─── Extracted entries ───
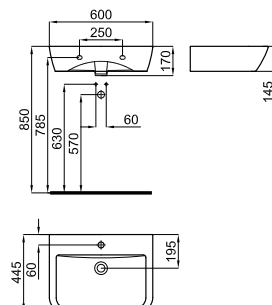

URBAN C

100348615   blanco
branco   11.9 52   **113,00 €**

Lavabo 45 cm con rebosadero. Incluye las fijaciones 100041225
Lavatório 45 cm. com trasbordamento de agua e fixações 100041225

100348614   blanco
branco   19.9 32   **128,00 €**

Lavabo 60 cm con rebosadero. Incluye las fijaciones 100041225
Lavatório 60 cm. com trasbordamento de agua e fixações 100041225
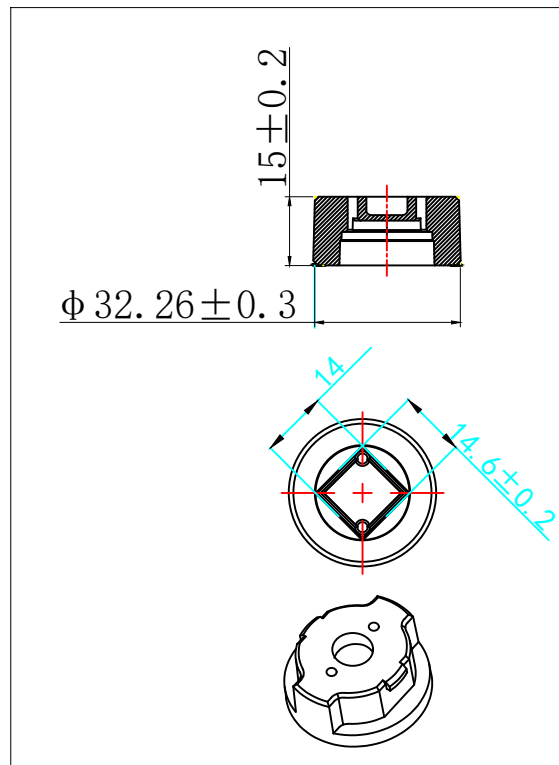

52#高鹏灯罩

灯壳刻标内容

**J&V**  
88.91.3.52  
12V 2W

LED陶瓷灯头

小圆灯壳
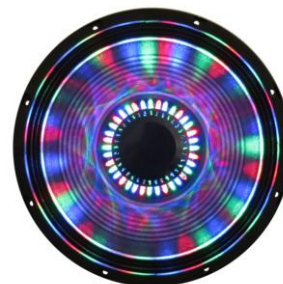

### WF 6212LED

Woofer da 300W con leds

Weight

4

Puoi trovare articoli correlati, accessori ed aggiornamenti su:

[www.karmaitaliana.it](http://www.karmaitaliana.it)

**Inoltre potrai scaricare i nostri cataloghi in formato PDF per:**

- DeeJay - Mixer & Disco Light - Microfoni e raddiomicrofoni - Alimentatori / accessori - Staffe porta TV - Amplificazione stereo - Diffusori passivi / amplificati - Sicurezza

8015439262129
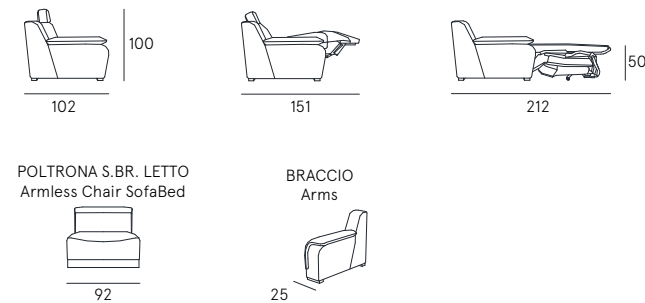

scheda tecnica
technical data sheet

POLTRONA S.BR. LETTO
Armless Chair SofaBed

BRACCIO
Arms

Rivestimento | pelle / tessuto / sintetico
Dettagli | Recliner elettrico + Sistema Letto
Comfort seduta | Poliuretano espanso densità 35
Comfort spalliera | Poliuretano
Materasso | Poliuretano espanso densità 30 h.13 cm
 con rivestimento stretch
Seduta | H. 47 cm - P. 62 cm
Braccio | H. 60 cm - L. 25 cm
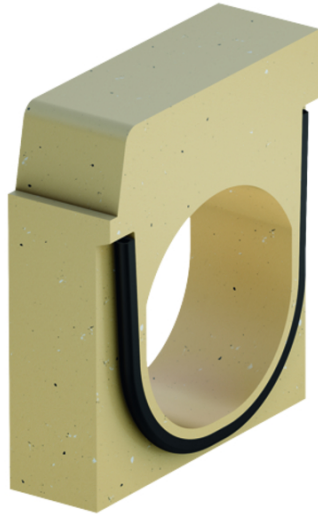

Produktinformation

Beskrivelse

- Vægt: 15 kg
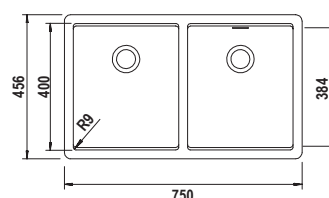

Accessori

A B C D E1 M P R
T Z 1 3 4

Per montaggio tritarifiuti: AGGIUNGERE kit tritarifiuti [2]

Per installazione sottotop AGGIUNGERE: set di ganci [3] cod. 6.3016/6

COLORI € 569,00

- BIANCO ASSOLUTO BYKN200A01
- NERO ASSOLUTO BYKN200A13
- NEW ALUMINA BYKN200A16
- GRIGIO TORTORA BYKN200A42
- ASPHALT BYKN200A43
- MOCHA BYKN200A63
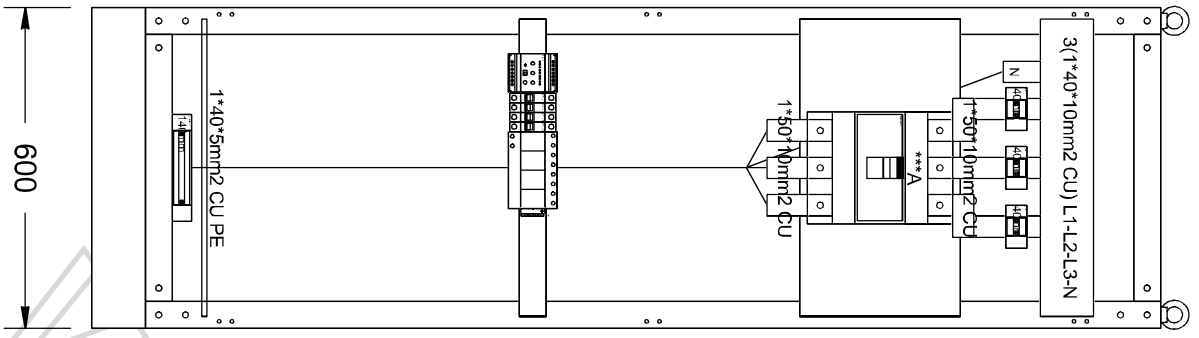

42 11 06 01

SAYAÇ PANOLARI GİRİŞ ÜNİTESİ  
(MEASUREMENT BOARDS INCOMING UNIT)

800A

www.elektro.com.tr

www.elfo.com.tr

www.eraib.com.tr

www.elfo.com.tr

42 11 06 02

SAYAÇ PANOLARI GİRİŞ ÜNİTESİ  
(MEASUREMENT BOARDS INCOMING UNIT)

800A

www.efto.com.tr

www.elfo.com.tr

www.eraib.com.tr

www.eafb.com.tr

42 11 06 03

SAYAÇ PANOLARI GİRİŞ ÜNİTESİ  
(MEASUREMENT BOARDS INCOMING UNIT)

800A

www.electro.com.tr

www.alfar.com.tr

www.eraib.com.tr

www.alfab.com.tr

42 11 06 04

SAYAÇ PANOLARI GİRİŞ ÜNİTESİ  
(MEASUREMENT BOARDS INCOMING UNIT)

800A
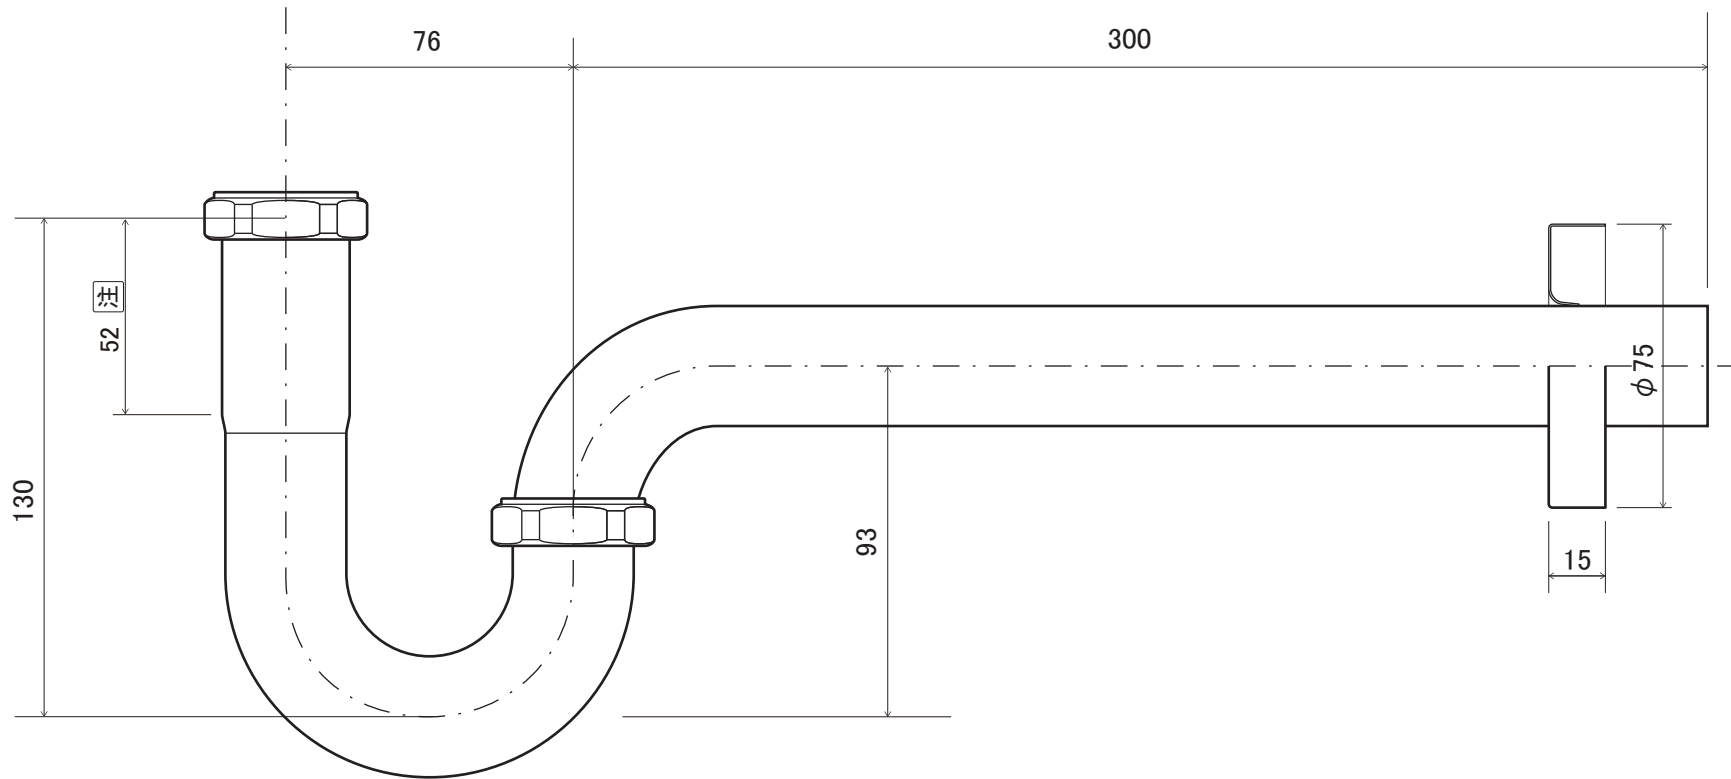

サブライ [給排水部品・補助部品]

■ topic ・黄銅[本体]

※ プラス・ブロンズタイプには経年変化があります

32 Pトラップ

32mm 横穴付 [洗面器用]

S=1/2 (単位 / mm) open up '06 [V3\_17]

注 テール管を合わせる際、最低20mmはU管に差込んでください。

■Pトラップ

品番	EP17310 クローム
	EP17312 ブロンズ
	EP17319 プラス
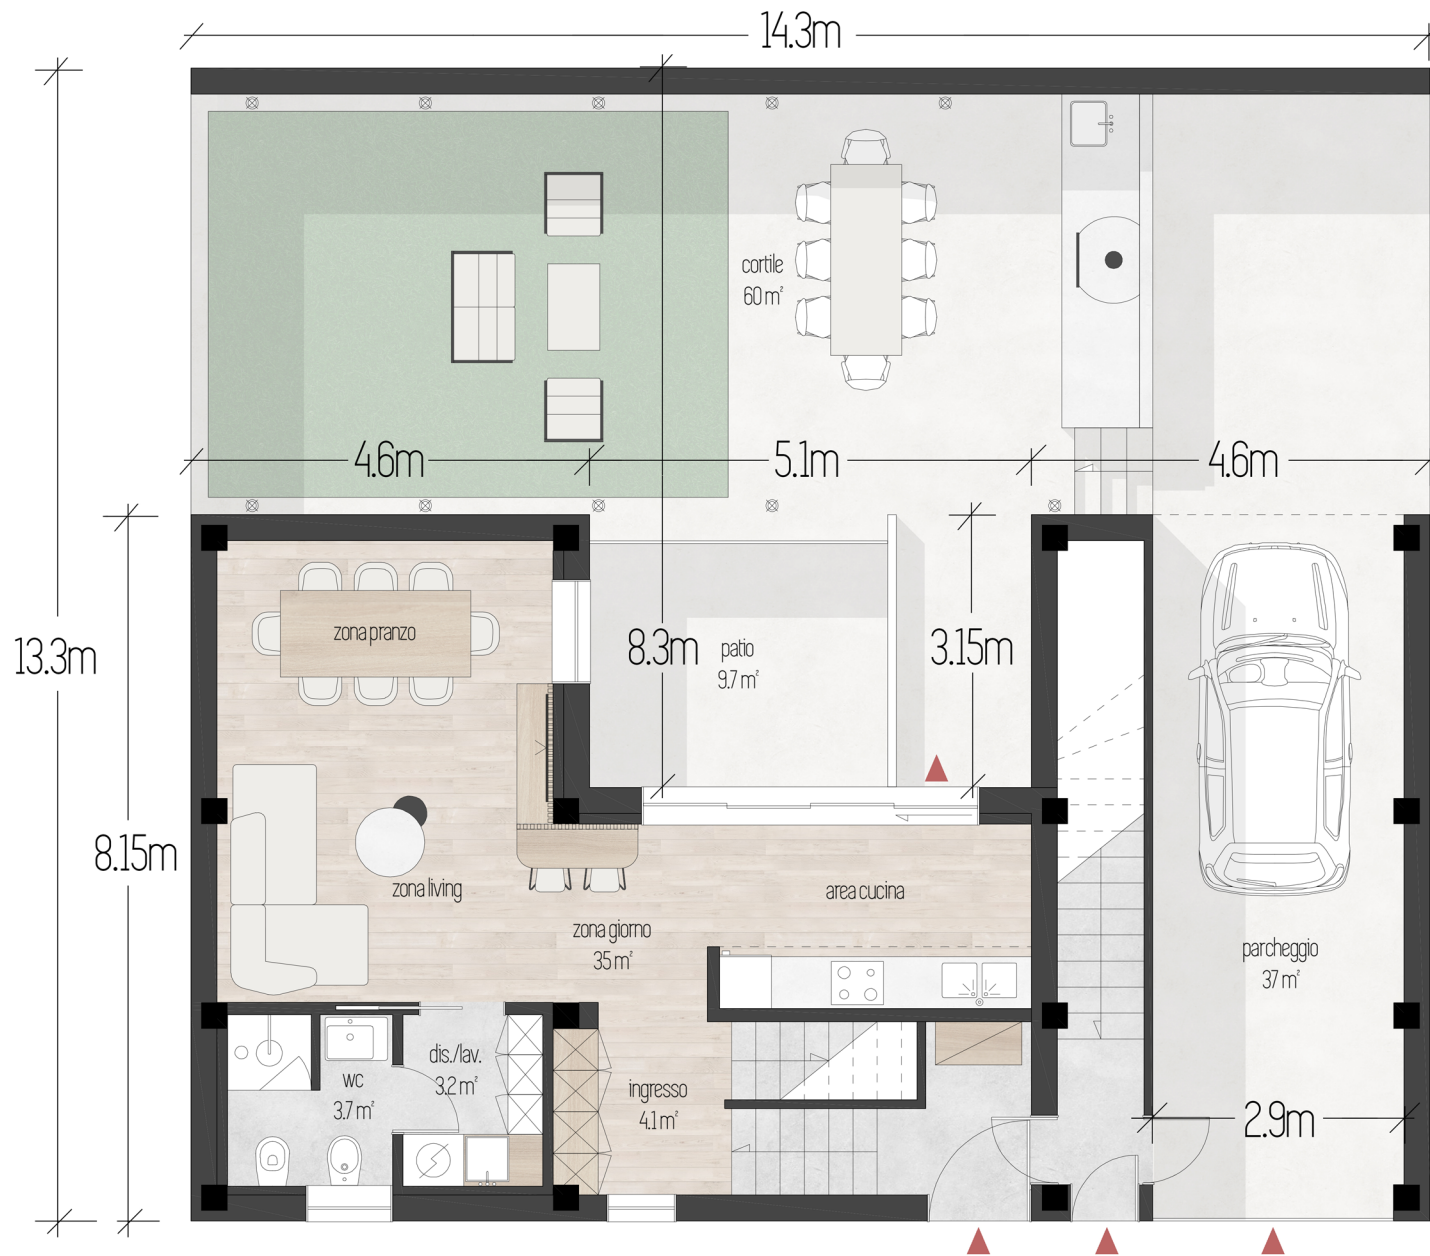

PIANTA SEMINTERRATO
60m² + 9.7m² di cortile

PIANTA PIANO RIALZATO
 54m² + 60m² di cortile + 37m² di parcheggio

PIANTA PRIMO PIANO
84m²

LASTRICO SOLARE
90m²
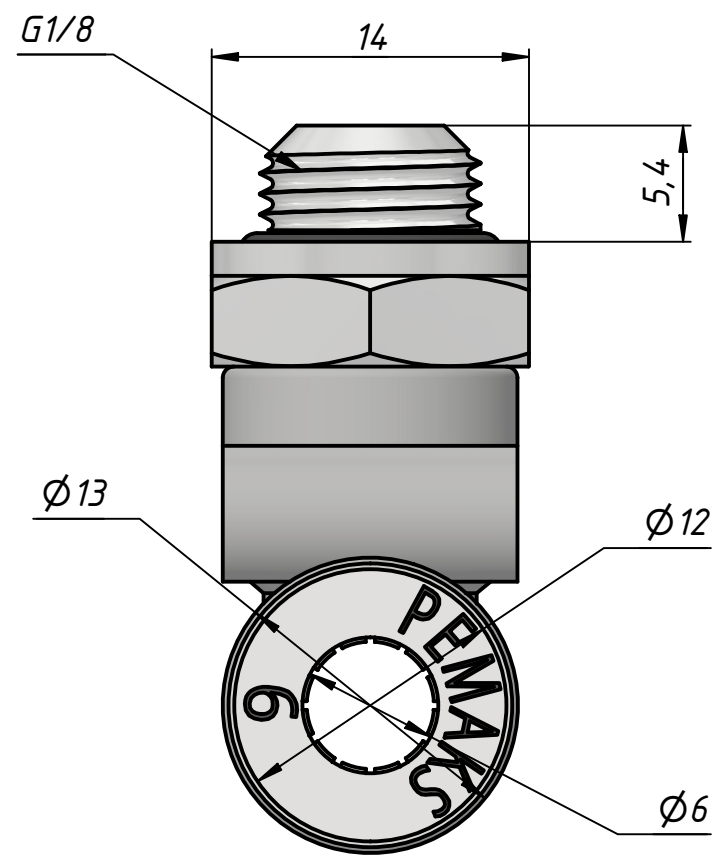

Перв. примен.	PRT0-1/8-6		
Справ. №			
Инв. № подл.	A		
Подп. и дата			
Взам. инв. №	Инв. № дубл.		
Подп. и дата			
Инв. № подл.			

					<b>PRT0-1/8-6</b>			
Изм.	Лист	№ докум.	Подп.	Дата	<b>Тройник цанговый Т-образный с резьбой</b>	Лит.	Масса	Масштаб
Разраб.		Федоров Р.Д.		23.10.2023			0,0	3:1
Пров.						Лист	Листов 1	
Т. контр.						ООО "ПЕМАКС РУС" г.		
Нач.отд.						Казань, ул. Аделя Кутуя, д. 86Д		
Н. контр.								
Утв.		Закиев А.А.
───
Try it:
Output the data exactly as it appears. The pictures do not belong in it.

Response area:
URBAN C

100348615   blanco
branco   11.9 52   **113,00 €**

Lavabo 45 cm con rebosadero. Incluye las fijaciones 100041225
Lavatório 45 cm. com trasbordamento de agua e fixações 100041225

100348614   blanco
branco   19.9 32   **128,00 €**

Lavabo 60 cm con rebosadero. Incluye las fijaciones 100041225
Lavatório 60 cm. com trasbordamento de agua e fixações 100041225

52#高鹏灯罩

灯壳刻标内容

**J&V**  
88.91.3.52  
12V 2W

LED陶瓷灯头

小圆灯壳

### WF 6212LED

Woofer da 300W con leds

Weight

4

Puoi trovare articoli correlati, accessori ed aggiornamenti su:

[www.karmaitaliana.it](http://www.karmaitaliana.it)

**Inoltre potrai scaricare i nostri cataloghi in formato PDF per:**

- DeeJay - Mixer & Disco Light - Microfoni e raddiomicrofoni - Alimentatori / accessori - Staffe porta TV - Amplificazione stereo - Diffusori passivi / amplificati - Sicurezza

8015439262129

scheda tecnica
technical data sheet

POLTRONA S.BR. LETTO
Armless Chair SofaBed

BRACCIO
Arms

Rivestimento | pelle / tessuto / sintetico
Dettagli | Recliner elettrico + Sistema Letto
Comfort seduta | Poliuretano espanso densità 35
Comfort spalliera | Poliuretano
Materasso | Poliuretano espanso densità 30 h.13 cm
 con rivestimento stretch
Seduta | H. 47 cm - P. 62 cm
Braccio | H. 60 cm - L. 25 cm

Produktinformation

Beskrivelse

- Vægt: 15 kg

Accessori

A B C D E1 M P R
T Z 1 3 4

Per montaggio tritarifiuti: AGGIUNGERE kit tritarifiuti [2]

Per installazione sottotop AGGIUNGERE: set di ganci [3] cod. 6.3016/6

COLORI € 569,00

- BIANCO ASSOLUTO BYKN200A01
- NERO ASSOLUTO BYKN200A13
- NEW ALUMINA BYKN200A16
- GRIGIO TORTORA BYKN200A42
- ASPHALT BYKN200A43
- MOCHA BYKN200A63

42 11 06 01

SAYAÇ PANOLARI GİRİŞ ÜNİTESİ  
(MEASUREMENT BOARDS INCOMING UNIT)

800A

www.elektro.com.tr

www.elfo.com.tr

www.eraib.com.tr

www.elfo.com.tr

42 11 06 02

SAYAÇ PANOLARI GİRİŞ ÜNİTESİ  
(MEASUREMENT BOARDS INCOMING UNIT)

800A

www.efto.com.tr

www.elfo.com.tr

www.eraib.com.tr

www.eafb.com.tr

42 11 06 03

SAYAÇ PANOLARI GİRİŞ ÜNİTESİ  
(MEASUREMENT BOARDS INCOMING UNIT)

800A

www.electro.com.tr

www.alfar.com.tr

www.eraib.com.tr

www.alfab.com.tr

42 11 06 04

SAYAÇ PANOLARI GİRİŞ ÜNİTESİ  
(MEASUREMENT BOARDS INCOMING UNIT)

800A

サブライ [給排水部品・補助部品]

■ topic ・黄銅[本体]

※ プラス・ブロンズタイプには経年変化があります

32 Pトラップ

32mm 横穴付 [洗面器用]

S=1/2 (単位 / mm) open up '06 [V3\_17]

注 テール管を合わせる際、最低20mmはU管に差込んでください。

■Pトラップ

品番	EP17310 クローム
	EP17312 ブロンズ
	EP17319 プラス

PIANTA SEMINTERRATO
60m² + 9.7m² di cortile

PIANTA PIANO RIALZATO
 54m² + 60m² di cortile + 37m² di parcheggio

PIANTA PRIMO PIANO
84m²

LASTRICO SOLARE
90m²

Перв. примен.	PRT0-1/8-6		
Справ. №			
Инв. № подл.	A		
Подп. и дата			
Взам. инв. №	Инв. № дубл.		
Подп. и дата			
Инв. № подл.			

					<b>PRT0-1/8-6</b>			
Изм.	Лист	№ докум.	Подп.	Дата	<b>Тройник цанговый Т-образный с резьбой</b>	Лит.	Масса	Масштаб
Разраб.		Федоров Р.Д.		23.10.2023			0,0	3:1
Пров.						Лист	Листов 1	
Т. контр.						ООО "ПЕМАКС РУС" г.		
Нач.отд.						Казань, ул. Аделя Кутуя, д. 86Д		
Н. контр.								
Утв.		Закиев А.А.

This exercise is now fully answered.